— Значит, после войны? — утвердительно спросил Витовт.
— Не раньше,— кивнул Ягайла.
Однако за такую уступку, думал он, князь Витовт обязан заплатить.
— Мы не сможем обойтись без наемников,— сказал Ягайла.— Если не наймем мы, наймет Орден. Лучше нанять и не вести в битву, чем увидеть их в орденских гуфах. Но в коронном скарбе — хоть шаром покати...
— Тысяч двадцать гривен я наскребу,— согласился Витовт.

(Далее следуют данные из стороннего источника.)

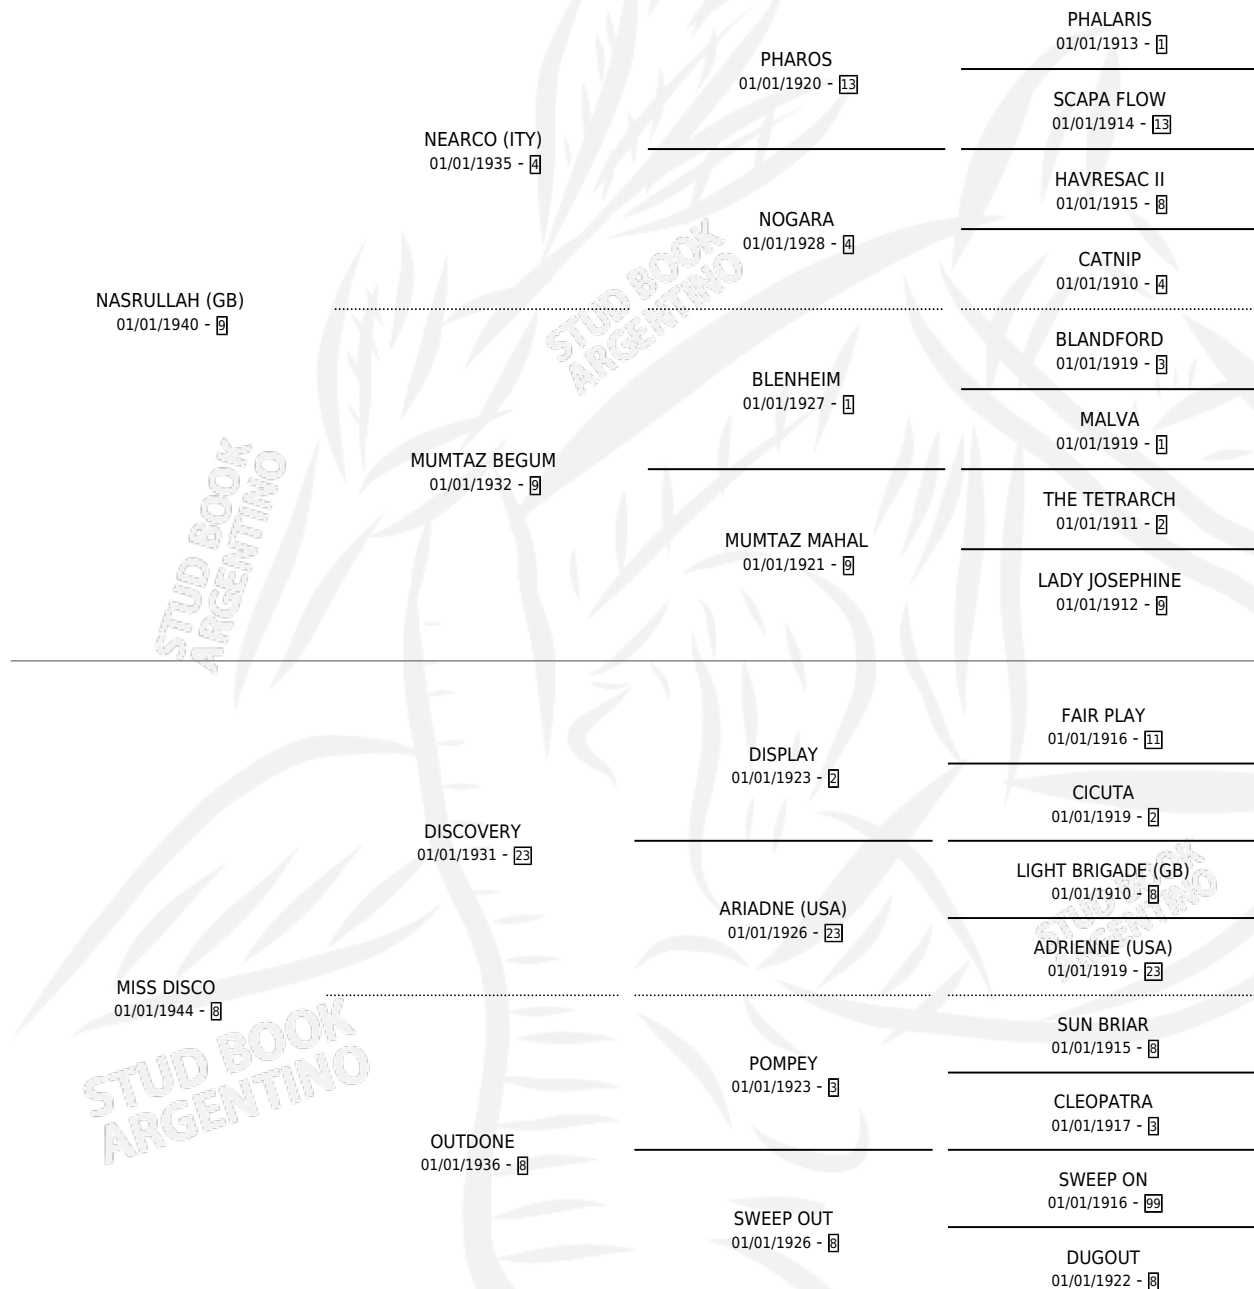

HIGHNESS

por **NASRULLAH (GB)** y **MISS DISCO** por **DISCOVERY**

Argentina · Hembra · Alazan · · 01/01/1960
Familia 8-d · Volumen 24

ESTADO

TIPIFICACIÓN SANGUÍNEA	X
TIPIFICACIÓN POR ADN	X
PASAPORTE	X
IDENTIFICACIÓN POR MICROCHIP	X
REPRODUCTOR	X

Lugar de nacimiento: Campo particular

Criador: Sin dato

~

HIJOS

	MACHOS	HEMBRAS
1 NACIERON	0	1
SIN ACTUACIONES		

PEDIGREE
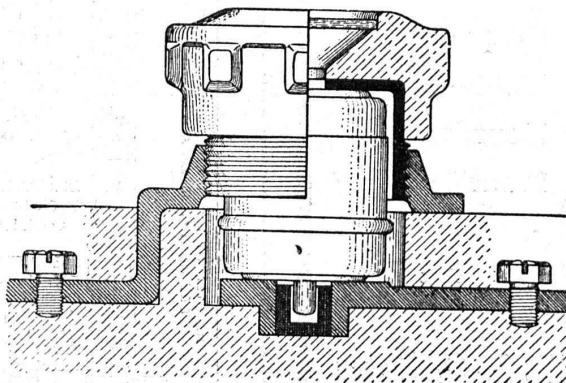

Nouvelle construction améliorée. Échauffement très faible. Les nouveaux fusibles H peuvent aussi être employés dans les anciens éléments.

Société Anonyme des Produits électrotechniques

SIEMENS

Dépt. SIEMENS - SCHUCKERTWERKE, Zurich
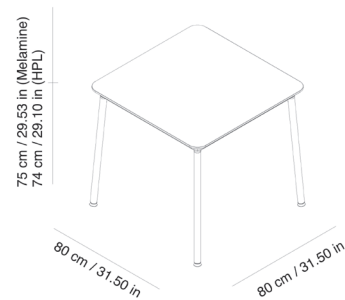

### DESCRIPCIÓN

Mesas Hub aptas para interior y exterior en HPL, y aptas sólo para interior en tablero de Melamina. Estructura de aluminio lacado y patas de acero lacadas en epoxi. Esta colección destaca por estabilidad y resistencia, combinando 3 alturas diferentes con diversas medidas de sobres.

### MEDIDAS

W 80cm × L 80cm × H 75cm  
W 31.5in × L 31.5in × H 29.53in

### CARACTERÍSTICAS

Peso 18 Kg.

STD units	Packaging dim. (cm)	Units Container 20'	Units Container 40'	Units Container HC	Units Trayler 70m <sup>3</sup>	Units Truck 100m <sup>3</sup>
1X	82.5 × 81 × 19.7	210	432	508	651	
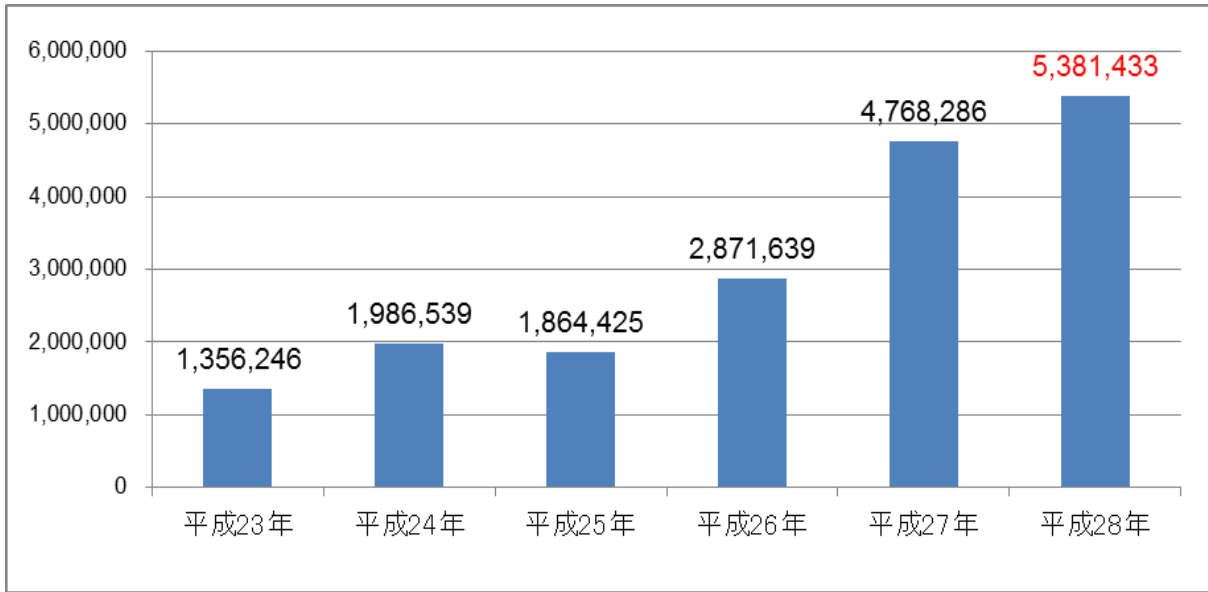

ビザ発給件数の推移

国籍・地域別発給数

公館別発給数

中国人への観光を目的とするビザの発給件数

中国人へのビザ発給件数の推移
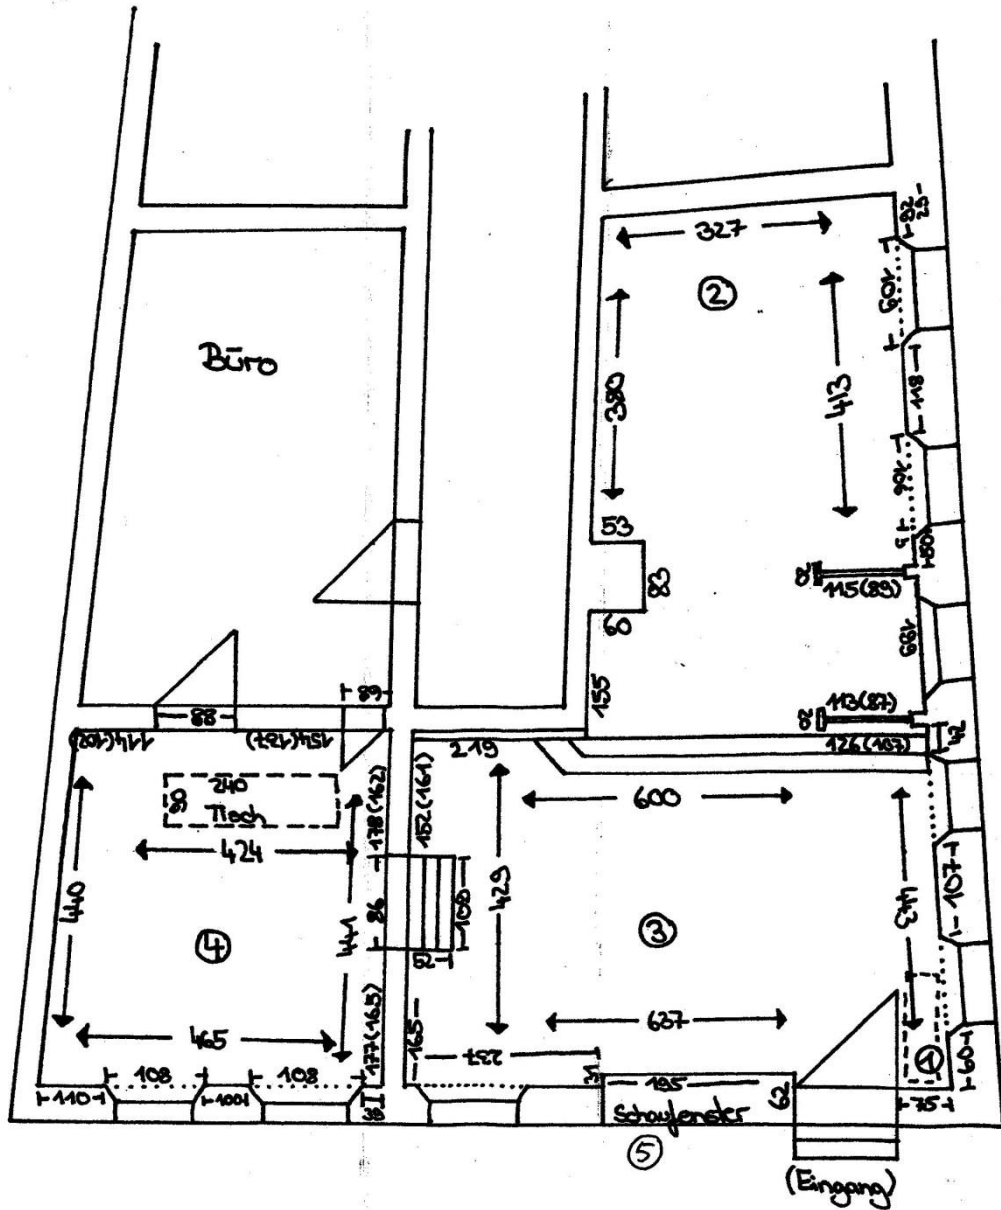

Neue Galerie, Hauptstraße 72, 91054 Erlangen

- ① Heizung, Garderobe, Flyerständer
- ② 285cm Deckenhöhe
- ③ 340cm —||—
- ④ 283cm —||—

- ⑤ Schaufenster → Fensterglas:
Breite 182cm
Höhe 231cm
auf Höhe 162cm befindet sich
die Unterkante des KVE-Schildes

Alle Angaben in cm.
Gesamt (Reine Wandfläche)
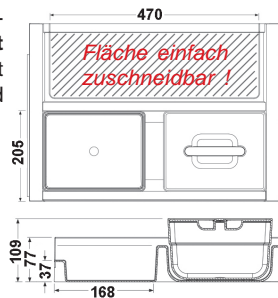

Auszugsboden ON-TOP zuschneidbar

Auszugssystem zur Montage im 60er Unterschrank, inkl. 2 Mehrzweckbehälter mit Deckel aus Kunststoff. Problemloser Zuschnitt nach örtlichen Gegebenheiten. Die Behälter sind auch einzeln erhältlich (s.u.)

Einbau **600mm** Unterschrank
Korpusstärke 16-19mm selbstjustierend
Auszug Teilauszug
Montage Seitenwand rechts / links
Tablarauszug Kunststoff hellgrau
Behälter 2x 4 Liter mit Deckel
Kunststoff hellgrün/weiß

Но что значили эти двадцать тысяч, если один наемный рыцарь требовал за месяц службы самое малое двенадцать гривен, а приглашать следовало хотя бы месяца на два. Три большие хоругви. Ульрик фон Юнгинген мог нанять в пять крат больше. Подсчитывали, загибая пальцы, сколько хоругвей выставят крестоносцы. Каждое комтурство по хоругви — рагнетское, клайпедское, острудское, гданьское, бранденбургское, бальгское, мальборское, радзинское, торуньское, кенигсбергское... пальцев не хватало — двадцать семь, а еще хоругви великого магистра, и хоругвь Казимира Щетинского, и хоругвь казначея, и епископы снарядят по хоругви, и, конечно же, косяками придут на выручку крыжаков вестфальские, швейцарские, английские, лотарингские, австрийские, французские, саские рыцари, а сколько их соберется, угадать было нельзя. Знали, что давно кружат по королевским и княжеским дворам посланцы великого магистра, вручают побратимам Ордена письма с жалобами на Польшу и Литву, с просьбами о защите. Лживые были письма, но кого это занимало, кто мог не верить? Тысячи получили рыцарский пояс в Ордене, ходили в крестовые походы на Жмудь и Русь, жили с его милости, получали от него дорогие подарки, годы проводили в орденских замках, посылали сюда сыновей, доставали здесь славу, имения, богатства. Кто усомнится, слыша молву, что язычники, схизматики и сарацины жаждут разбурить древний оплот святой веры, что опасность угрожает не только Ордену, но и всему христианскому миру, что король сараци-нов Витовт стремится расширить сарацинское царство и на месте храмов господних возжечь костры, что польский король Ягайла окрестился притворно, ради короны и скипетра, а в душе как верил в чертей, так и верит, и отравляет ядом язычества некогда христианскую, а сейчас грешную перед Иисусом Христом Польшу. Только бог знает, сколько воинственных простаков откликнется на эти призывы, сколько хоругвей составит из них великий маршал. Пять? Шесть? Девять?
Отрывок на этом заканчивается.